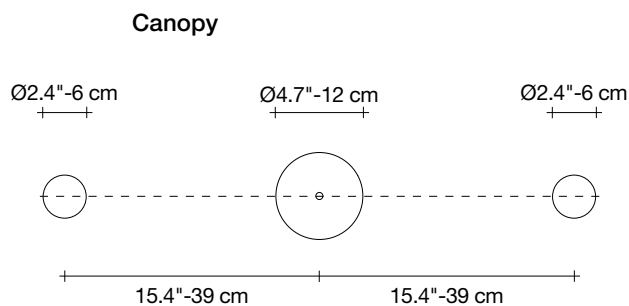

dimmable options

all systems

Another stunning design from Christian Lava, Stream is an impressive presence in any room. Like Christian's other work for Terzani, Etoile, Stream's design exploits the physical characteristics of the materials used to envelop a room in a unique, immersive light. Here, over seven kilometers of metal chain appear to flow down from the undulating, plated frame. These cascading tiers project a streaking, yet tranquil, shadow throughout the room. Design Christian Lava.

105.8 lbs
48 kg

189.6 lbs
86 kg

66.9" x 21.7" x 39"
170 x 55 x 99 cm
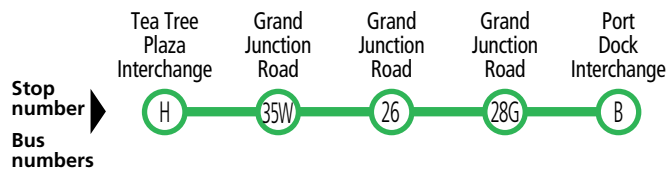

361 Tea Tree Plaza to Port Adelaide

Saturday only						
AM	361	7:37	7:47	7:56	8:04	8:18
	361	8:37	8:47	8:56	9:04	9:18
Saturday, Sunday & public holidays						
AM	361	9:34	9:45	9:54	10:03	10:18
	361	10:34	10:45	10:54	11:03	11:18
	361	11:34	11:45	11:54	12:03	12:18
PM	361	12:34	12:45	12:54	1:03	1:18
	361	1:34	1:45	1:54	2:03	2:18
	361	2:34	2:45	2:54	3:03	3:18
	361	3:34	3:45	3:54	4:03	4:18
	361	4:34	4:45	4:54	5:03	5:18
	361	5:34	5:44	5:53	6:01	6:15
	361	6:34	6:44	6:52	6:59	7:13

Adelaide O-Bahn
Catch fast and frequent services to and from the city at any O-Bahn Interchange.
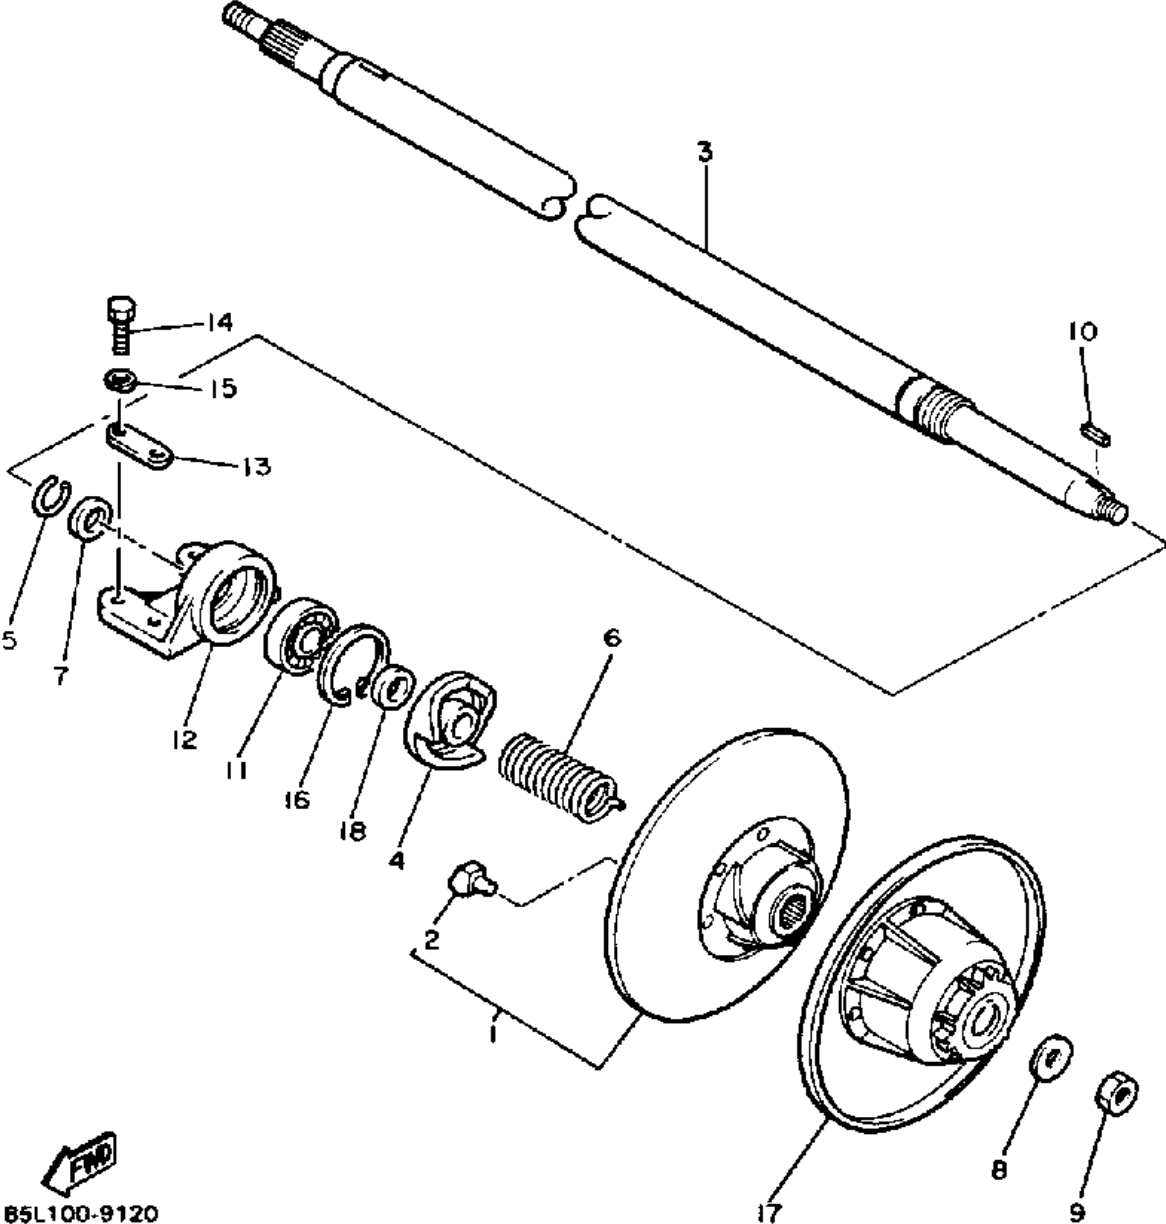

SECONDARY SHEAVE

Ref. No.	Part Number	Description	Qty	Remarks
1	85L-17670-01-00	SECONDARY SLIDING SHEAVE	1	
2	85L-17688-01-00	. SHOE, RAMP	3	
3	85L-17681-00-00	SHAFT, SECONDARY	1	
4	85L-17684-00-00	SEAT, SECONDARY SPRING	1	
5	93440-25100-00	CIRCLIP	1	
6	90508-45763-00	SPRING, TORSION	1	
7	90387-260W3-00	COLLAR	1	
8	90201-122H1-00	WASHER, PLATE	1	
9	90185-12119-00	NUT, SELF-LOCKING	1	
10	90282-05047-00	KEY, STRAIGHT	1	
11	93306-20509-00	BEARING (B6205) (93306-20525) 0 1	1	
12	85L-47631-00-00	HOUSING, BEARING	1	
13	85L-17691-00-00	PLATE 3	2	
14	97312-08025-00	BOLT (97012-08025)	4	
15	92990-08100-00	WASHER	4	
16	99009-52500-00	CIRCLIP	1	
17	8R4-17660-00-00	SECONDARY FIXED SHEAVE COMP.	1	
18	90387-250V1-00	COLLAR	1	

FWD
B5L100-9120

Not For Resale
www.SmallEngineDiscount.com
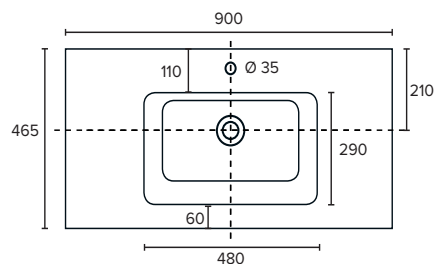

SPECIFICATION SHEET

900mm Basin Options

Ari

Stonecast with Overflow
VA900

W900 x D465 x H50

requires a $\varnothing 32$ mm waste
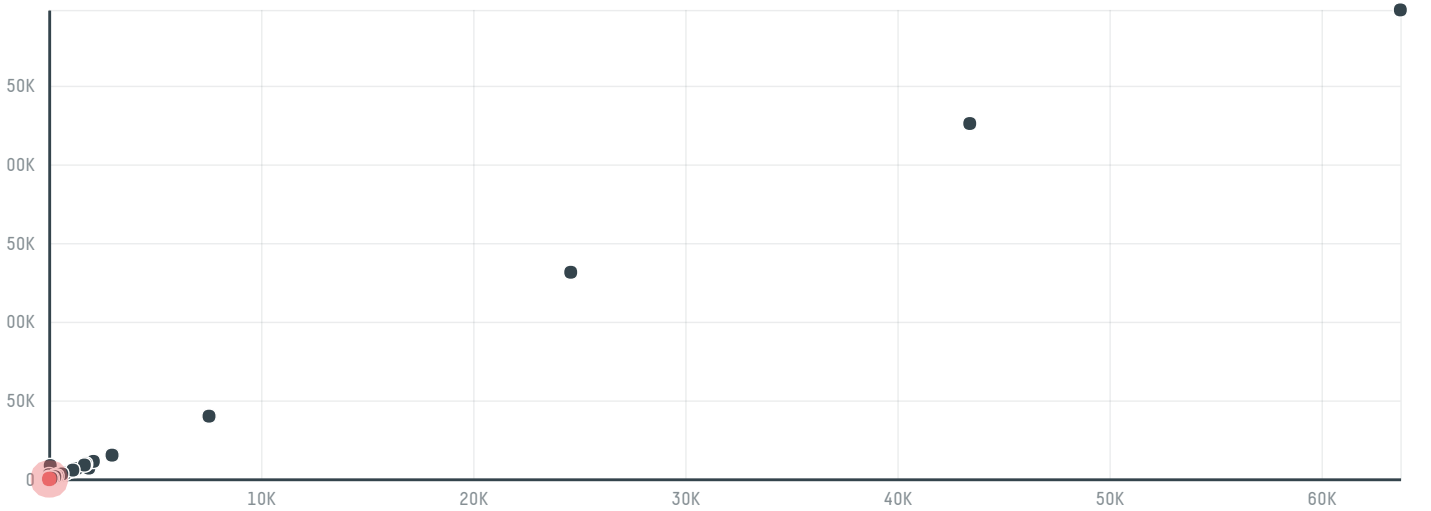

MUNICIPALITY	SOY DEFORESTATION RISK FOR FEED	CO2 EMISSIONS RISK FROM SOY DEFORESTATION FOR FEED (T CO2)
SULINA	0ha	0t CO2

BIOME	SOY DEFORESTATION RISK FOR FEED	CO2 EMISSIONS RISK FROM SOY DEFORESTATION FOR FEED (T CO2)
MATA ATLANTICA	0ha	0t CO2

COMPARING COMPANIES IMPORTING CHICKEN FROM BRAZIL IN 2018

Trase is a partnership between

In collaboration with

Donors

This website uses cookies to provide you with an improved user experience. By continuing to browse this site, you consent to the use of cookies and similar technologies. Please visit our [privacy policy](#) for further details.

I AGREE
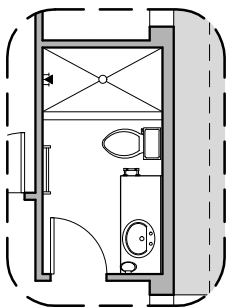

# Willow Options

1,649 Square Feet

Community: The Trails @ Metro 2

LOW VOLTAGE LEGEND	
LOGO	DESCRIPTION
	COAXIAL CABLE
	DATA
	ISP JUNCTION

**Bath 2 Shower**

**Extended Patio**

**Tankless Water Heater**

**Center Hinge ILO Standard Door**
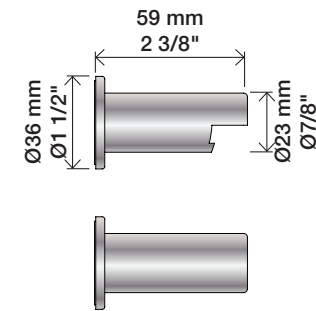

T4

T5

T6

T7

T11

T16

VOLA T3, T4, T5, T6, T7, T8, T9, T11, T14, T16, T27

www.vola.com

vola

5 1703182 372310

mnt_T3-T27_V3_40999247
01-04-2022

T14

T8

T9

T3

T27
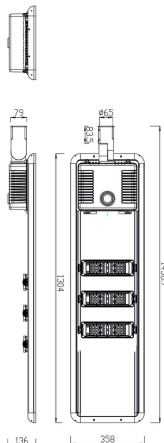

Space solar

Lavov Solar Street light luminaire from the family Space solar, with a power of 60W and a Type II-M 80*150 type lighting distribution. With a total lumen output of 11100 and a luminous efficacy of 185lm/W. Made in Die cast aluminium housing and PMMA lenses.. IP66. CRI>70 . CCT 4000K. Driver . Finished in grey color.

Item code	86.SO08.6310.03
Product type	Outdoor
Category	Solar Street Lights
Family	Space solar
Pictograms	<div style="display: flex; gap: 10px;"> <div style="border: 1px solid black; padding: 2px;">CRI 80</div> <div style="border: 1px solid black; padding: 2px;">IP 66</div> </div>

Scheme

Product

Real power (W)	60
Real luminous flux (Lm)	11100
Luminous efficiency (Lm/W)	185
Beam angle (°)	Type II-M 80*150
IP	66
Colour	grey
Chip Brand	Osram
Control gear included	yes
Light source	LED
Type of LED	Osram 5050
Colour temperature (K)	4000K
Colour consistency (SDCM)	<5SDCM
CRI	>70
IK	IK10
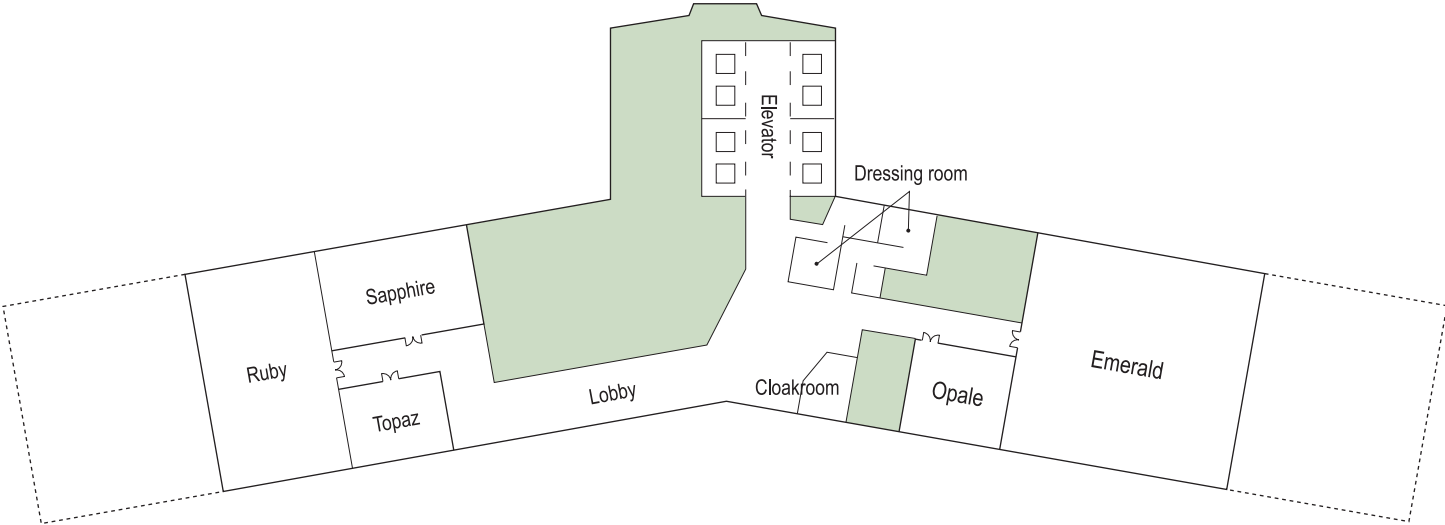

29TH FLOOR

HOTEL PACIFIC TOKYO

3-13-3 Takanawa, Minato-ku, Tokyo 108-8567
In front of the Takanawa-guchi exit of Shinagawa Station
Tel: (81)(3)3445-6711

==*==

**What you should do**
Go through the entries above, and wherever a line holds the word "RISK", copy that line.

**Solved exercise**
MUNICIPALITY	SOY DEFORESTATION RISK FOR FEED	CO2 EMISSIONS RISK FROM SOY DEFORESTATION FOR FEED (T CO2)
BIOME	SOY DEFORESTATION RISK FOR FEED	CO2 EMISSIONS RISK FROM SOY DEFORESTATION FOR FEED (T CO2)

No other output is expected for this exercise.